(What to produce) Looking at the records below, say how many lines contain "Soft". Nothing else belongs in the answer.

= Beginning of Section =

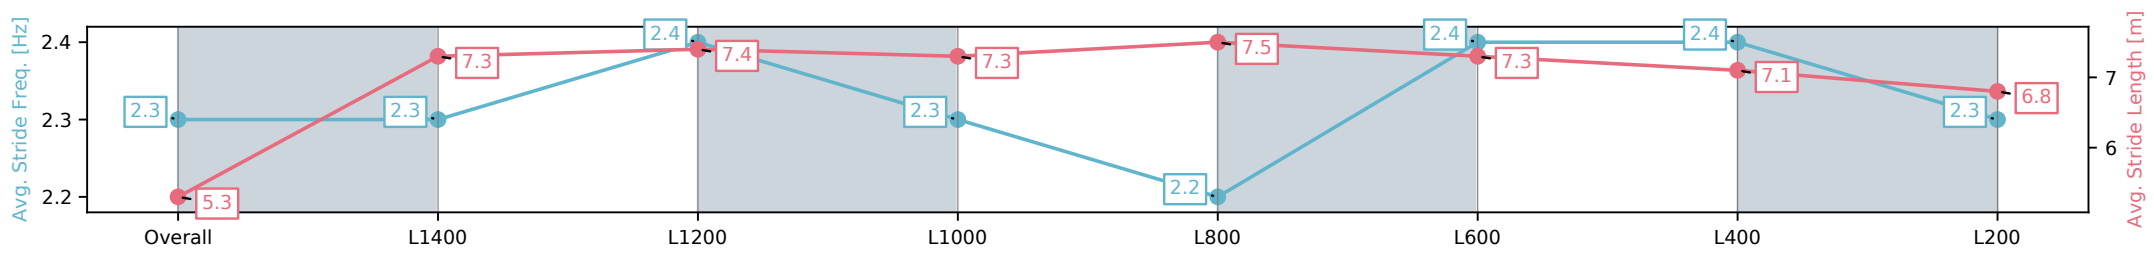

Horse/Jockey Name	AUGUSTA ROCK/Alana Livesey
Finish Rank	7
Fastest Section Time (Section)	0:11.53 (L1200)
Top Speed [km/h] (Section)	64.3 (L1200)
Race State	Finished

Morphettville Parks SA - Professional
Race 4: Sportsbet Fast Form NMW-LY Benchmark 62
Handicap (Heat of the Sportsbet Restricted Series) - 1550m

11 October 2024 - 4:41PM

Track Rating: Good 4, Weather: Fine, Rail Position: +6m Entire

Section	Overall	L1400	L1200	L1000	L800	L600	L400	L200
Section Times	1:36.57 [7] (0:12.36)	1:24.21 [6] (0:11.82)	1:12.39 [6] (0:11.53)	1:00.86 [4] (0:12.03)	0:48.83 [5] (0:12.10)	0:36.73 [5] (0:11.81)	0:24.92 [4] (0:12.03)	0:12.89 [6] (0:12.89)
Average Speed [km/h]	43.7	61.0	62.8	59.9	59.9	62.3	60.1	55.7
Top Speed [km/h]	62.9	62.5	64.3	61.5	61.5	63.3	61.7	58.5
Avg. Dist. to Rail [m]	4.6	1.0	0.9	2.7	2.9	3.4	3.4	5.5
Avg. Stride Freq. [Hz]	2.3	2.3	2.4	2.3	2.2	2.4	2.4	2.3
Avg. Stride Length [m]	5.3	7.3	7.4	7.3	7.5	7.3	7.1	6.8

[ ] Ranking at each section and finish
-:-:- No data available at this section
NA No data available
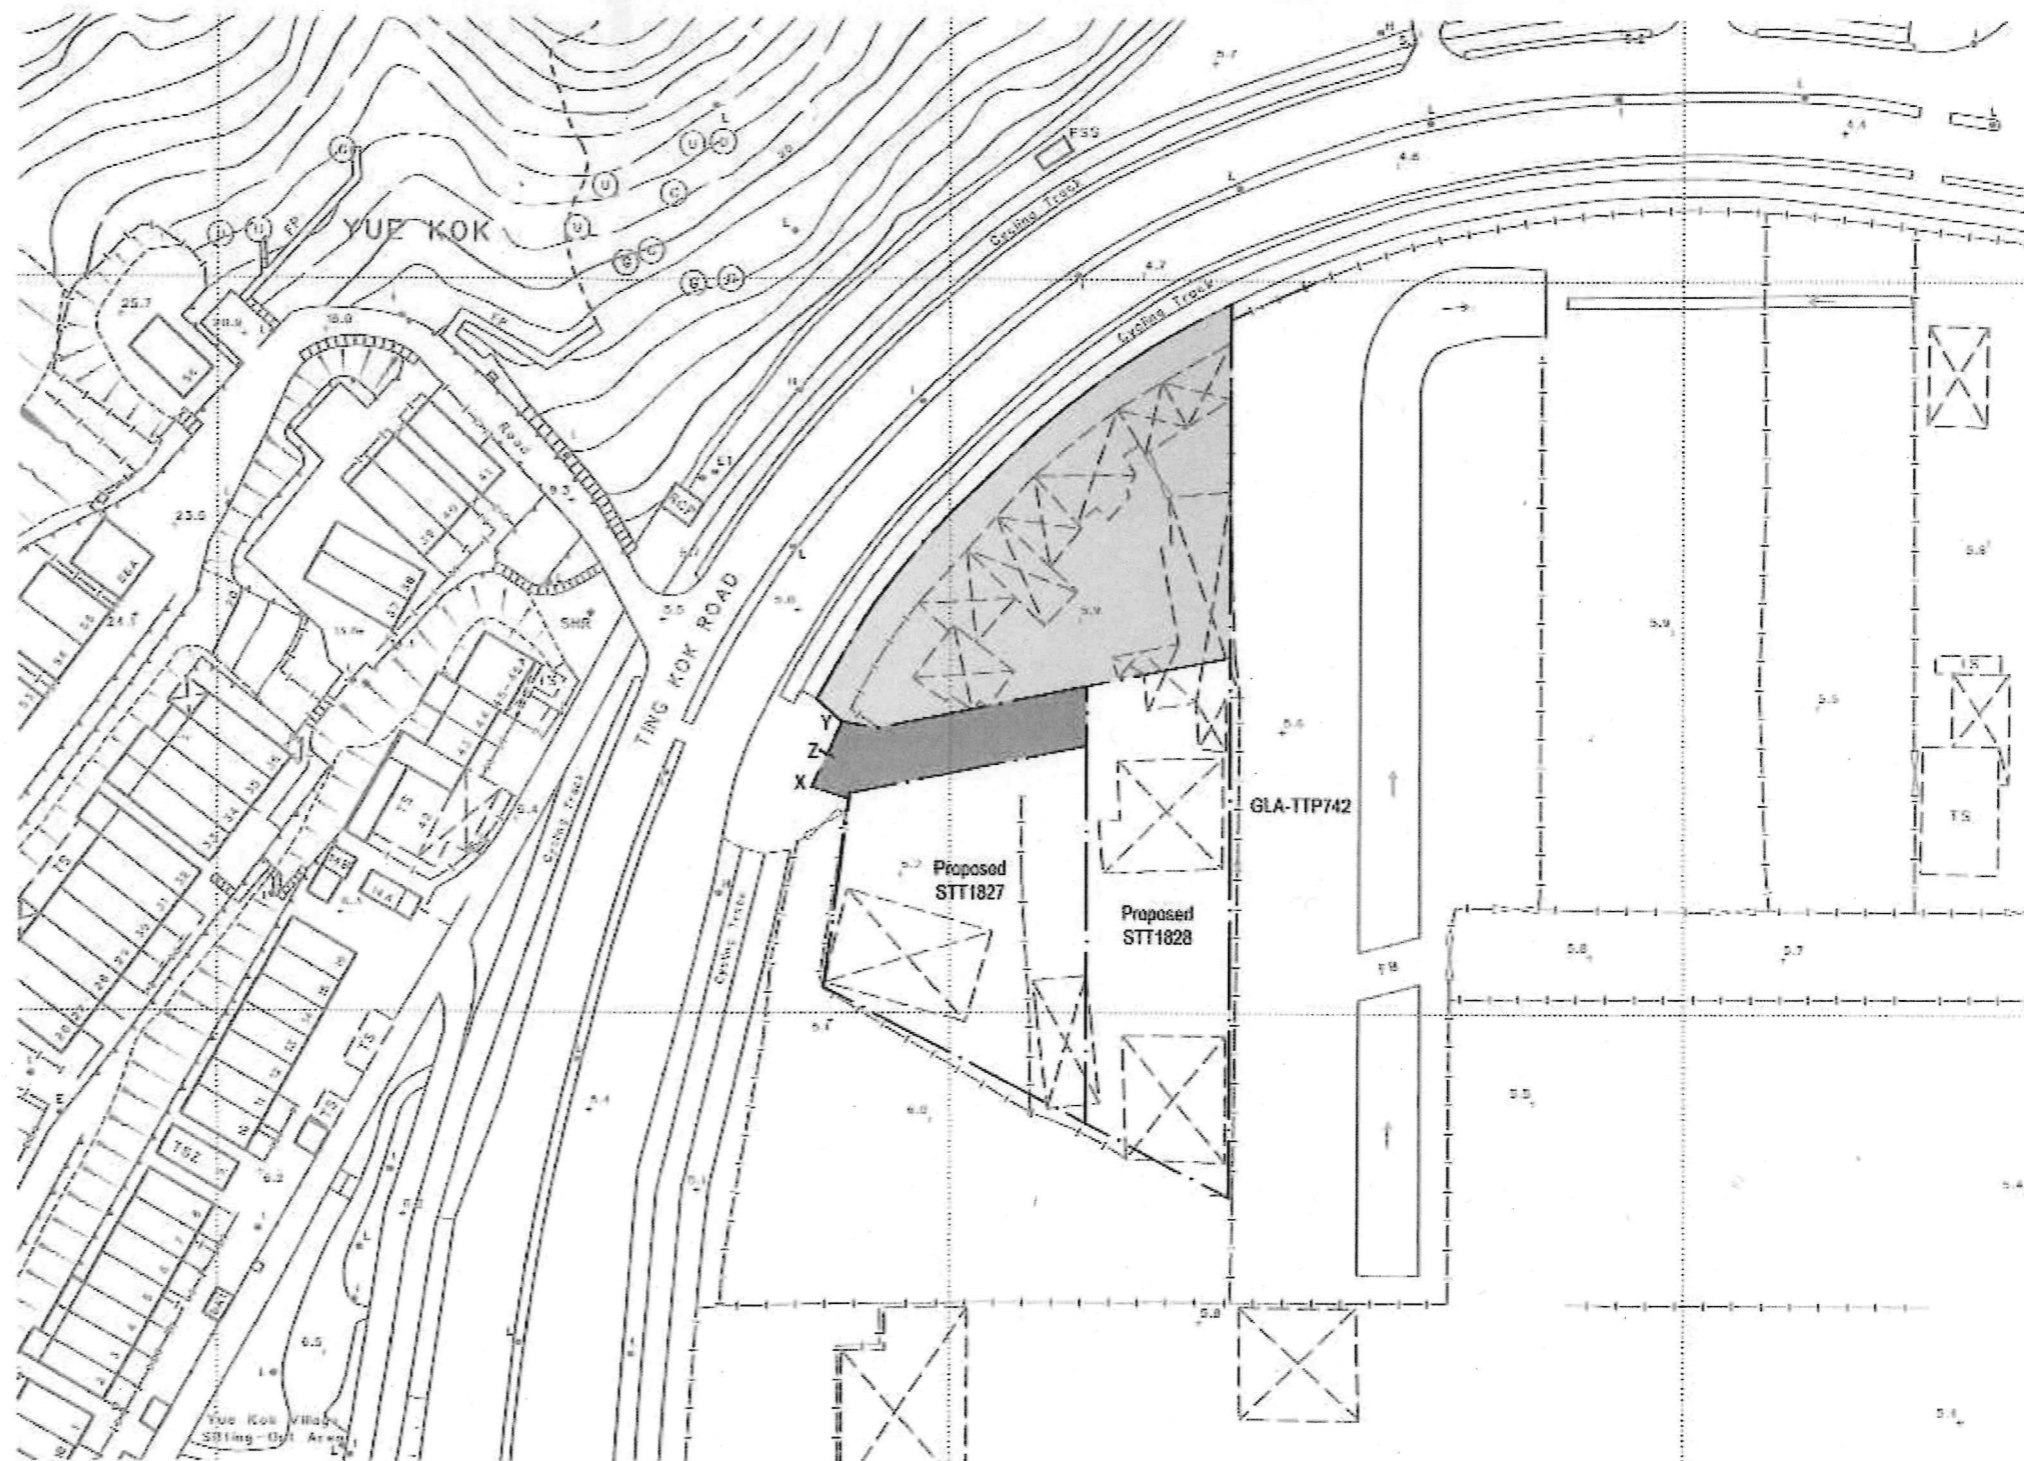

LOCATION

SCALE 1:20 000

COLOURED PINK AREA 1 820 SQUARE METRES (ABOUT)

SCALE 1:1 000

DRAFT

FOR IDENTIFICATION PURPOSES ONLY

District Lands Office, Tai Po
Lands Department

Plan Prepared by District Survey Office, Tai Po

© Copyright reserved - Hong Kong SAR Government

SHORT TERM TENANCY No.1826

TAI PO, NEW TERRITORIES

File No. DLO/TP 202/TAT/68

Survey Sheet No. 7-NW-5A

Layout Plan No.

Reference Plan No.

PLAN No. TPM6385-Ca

= End of Section =
= Beginning of Section =

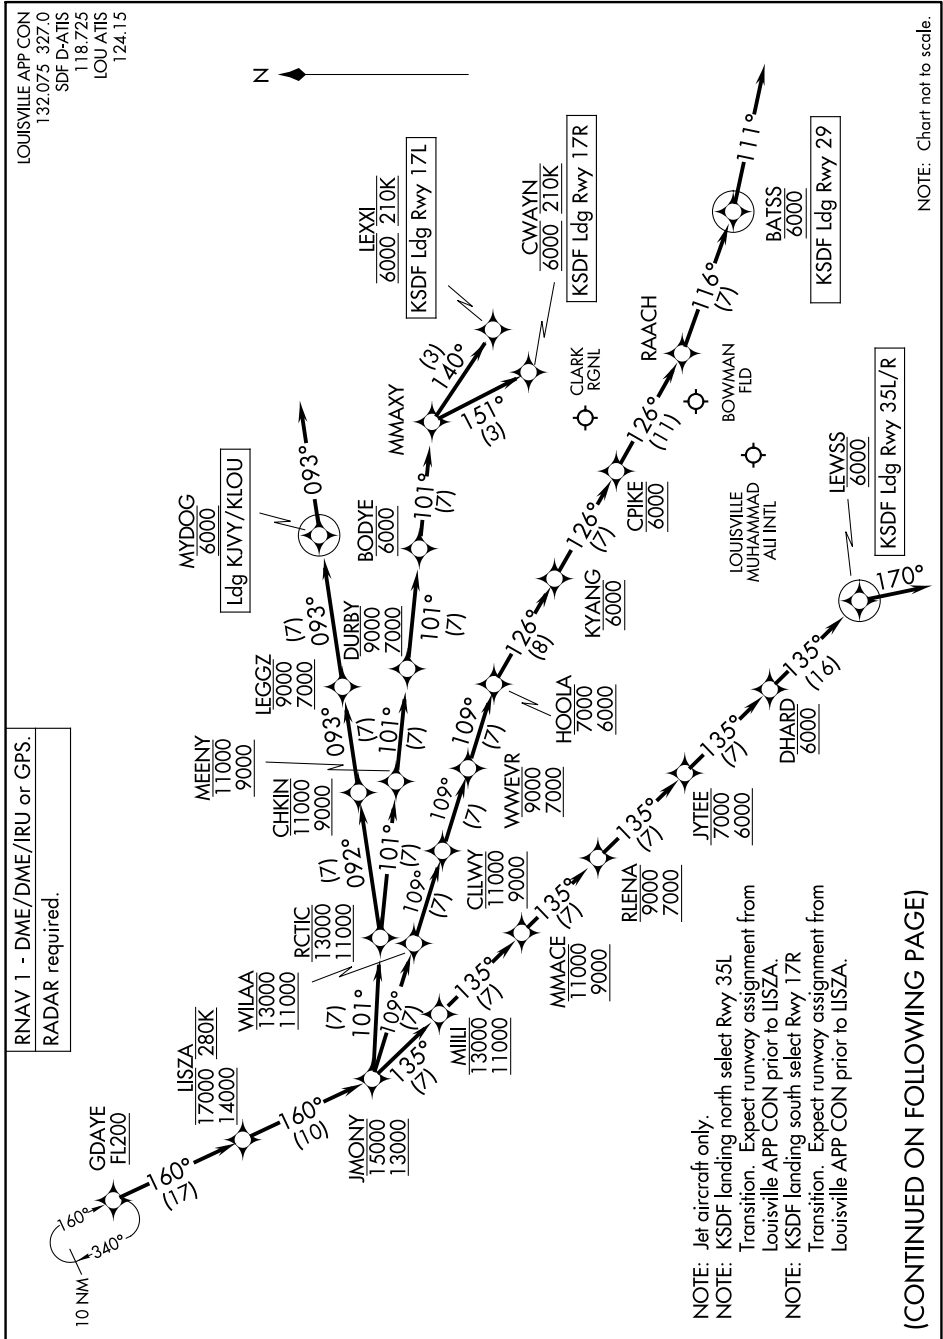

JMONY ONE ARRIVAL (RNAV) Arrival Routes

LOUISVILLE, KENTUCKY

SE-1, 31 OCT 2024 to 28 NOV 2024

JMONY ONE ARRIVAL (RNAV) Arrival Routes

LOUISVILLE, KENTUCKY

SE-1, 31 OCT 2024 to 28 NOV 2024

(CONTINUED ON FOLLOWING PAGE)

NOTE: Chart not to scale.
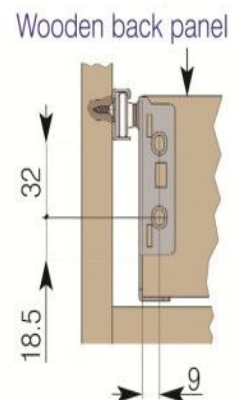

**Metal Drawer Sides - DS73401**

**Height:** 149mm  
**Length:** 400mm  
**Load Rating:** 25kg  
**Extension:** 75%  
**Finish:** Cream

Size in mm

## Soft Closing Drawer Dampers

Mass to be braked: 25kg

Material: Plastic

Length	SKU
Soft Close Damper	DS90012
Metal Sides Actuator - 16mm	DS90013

= End of Section =

(The answer) 2